On Thu, Mar 06, 2025 at 09:35:27AM +0000, Juri Lelli wrote:
Hi Joel,
On 05/03/25 20:10, Joel Fernandes wrote:
Currently, RCU boost testing in rcutorture is broken because it relies on having RT throttling disabled. This means the test will always pass (or rarely fail). This occurs because recently, RT throttling was replaced by DL server which boosts CFS tasks even when rcutorture tried to disable throttling (see rcu_torture_disable_rt_throttle()). However, the systctl_sched_rt_runtime variable is not considered thus still allowing RT tasks to be preempted by CFS tasks.
Therefore this patch prevents DL server from starting when RCU torture sets the sysctl_sched_rt_runtime to -1.
With this patch, boosting in TREE09 fails reliably if RCU_BOOST=n.
Steven also mentioned that this could fix RT usecases where users do not want DL server to be interfering.
Cc: stable@vger.kernel.org Cc: Paul E. McKenney paulmck@kernel.org Cc: Steven Rostedt rostedt@goodmis.org Fixes: cea5a3472ac4 ("sched/fair: Cleanup fair_server") Signed-off-by: Joel Fernandes joelagnelf@nvidia.com
v1->v2: Updated Fixes tag (Steven) Moved the stoppage of DL server to fair (Juri)

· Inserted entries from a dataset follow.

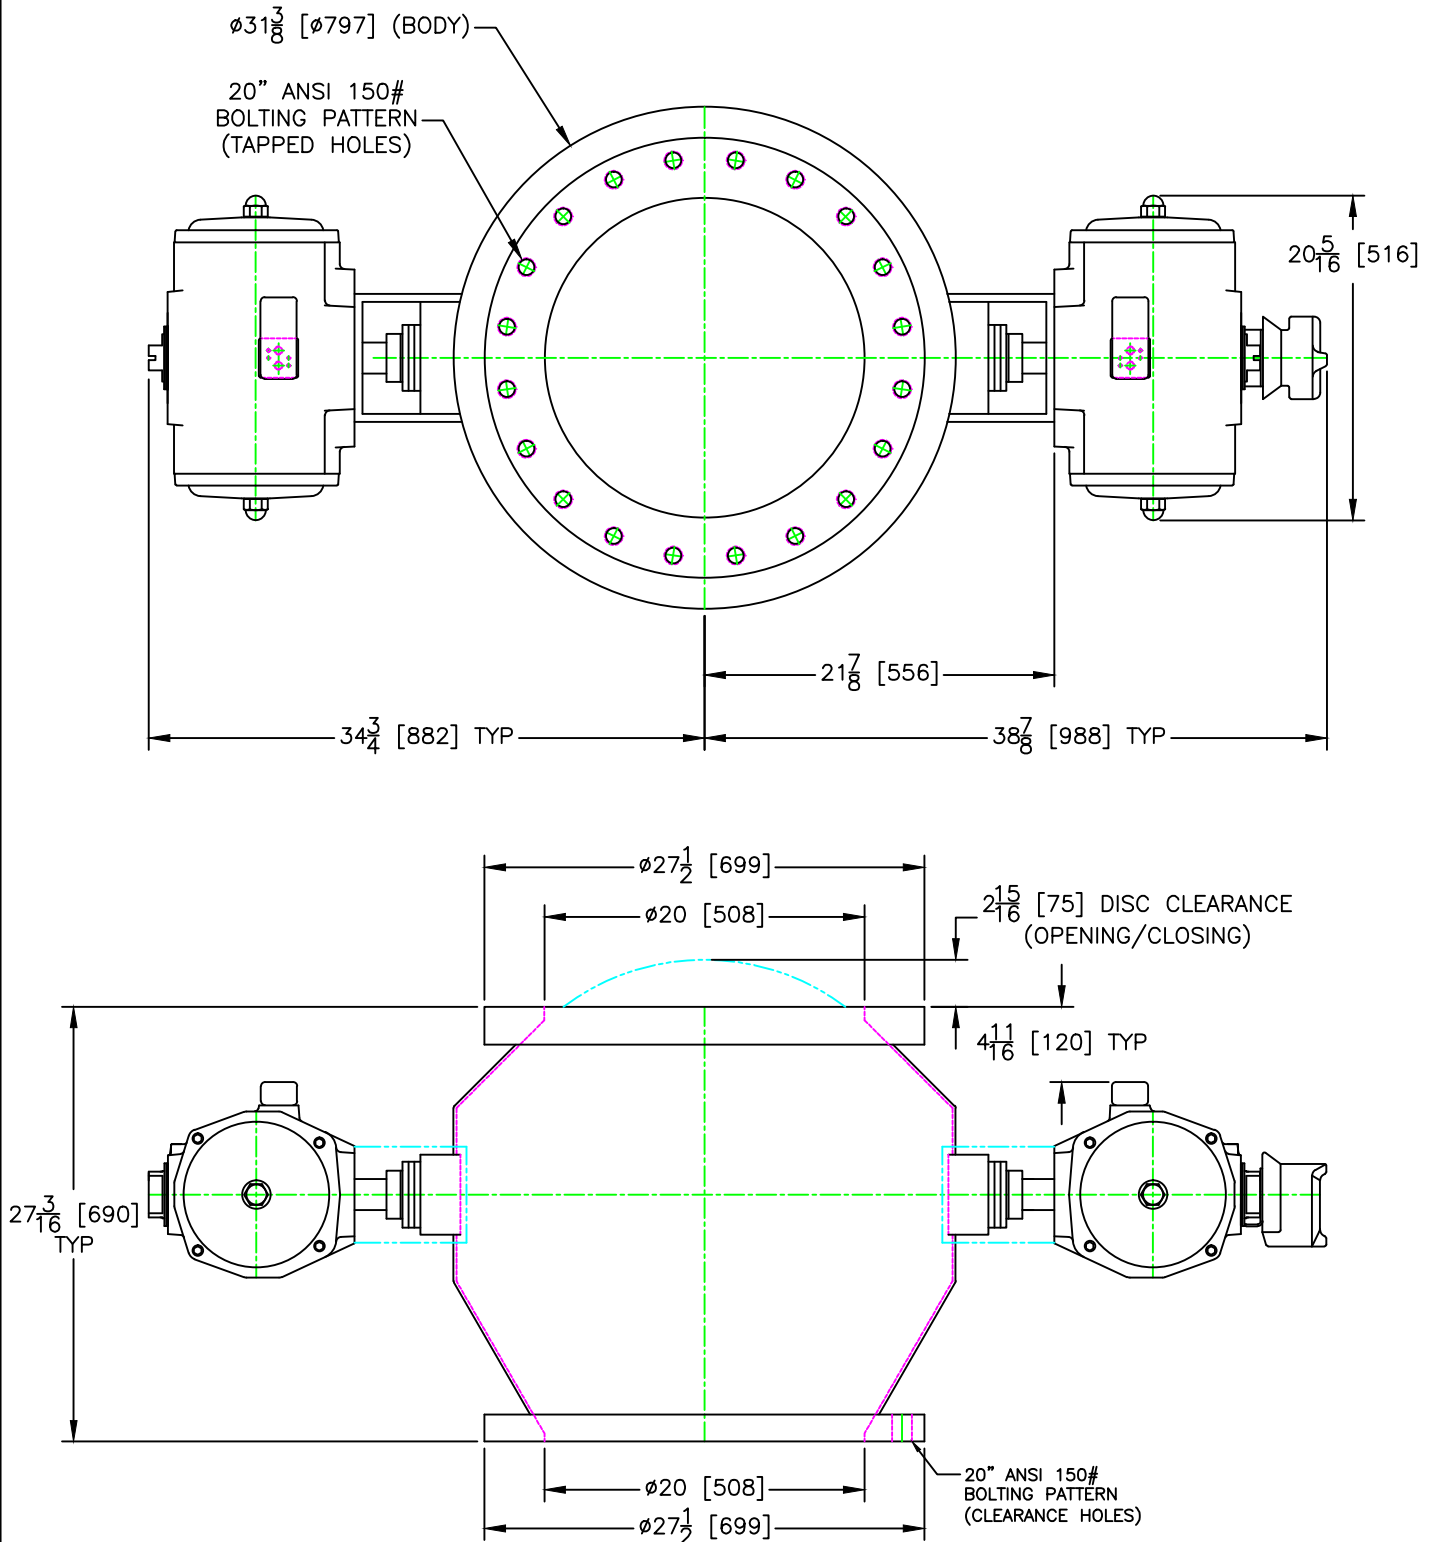

GEMCO VALVE

301 SMALLEY AVENUE
MIDDLESEX, NJ 08846 U.S.A
(+1) 732-733-1142
WWW.GEMCOVALVE.COM

20" 'P21' Valve

February 2014

Size: A

Scale 1:12

© 2014 Gemco Valve Company, LLC

APPROXIMATE WEIGHT: 1000 lbs / 450 kg

I think what I suggested/wondered (sorry if I wasn't clear) is that we might need a link between sched_rt_runtime and the fair_server per-cpu runtime under sched/debug (i.e., sched_fair_write(), etc), otherwise one can end up with DL server disabled and still non zero runtime on the debug interface. This is only if we want to make that link, though; which I am not entirely sure it is something we want to do, as we will be stuck with an old/legacy interface if we do. Peter?
While we are discussing, would it be acceptable to provide a sysctl that disabled DL server? We could set this via boot parameters in rcutorture. That would unblock the testing. If feel that is OK to do considering another sysctl systctl_sched_rt_runtime is already there to disable RT throttling, so we are just adding a similar one for DL server. What do you think?
thanks,
- Joel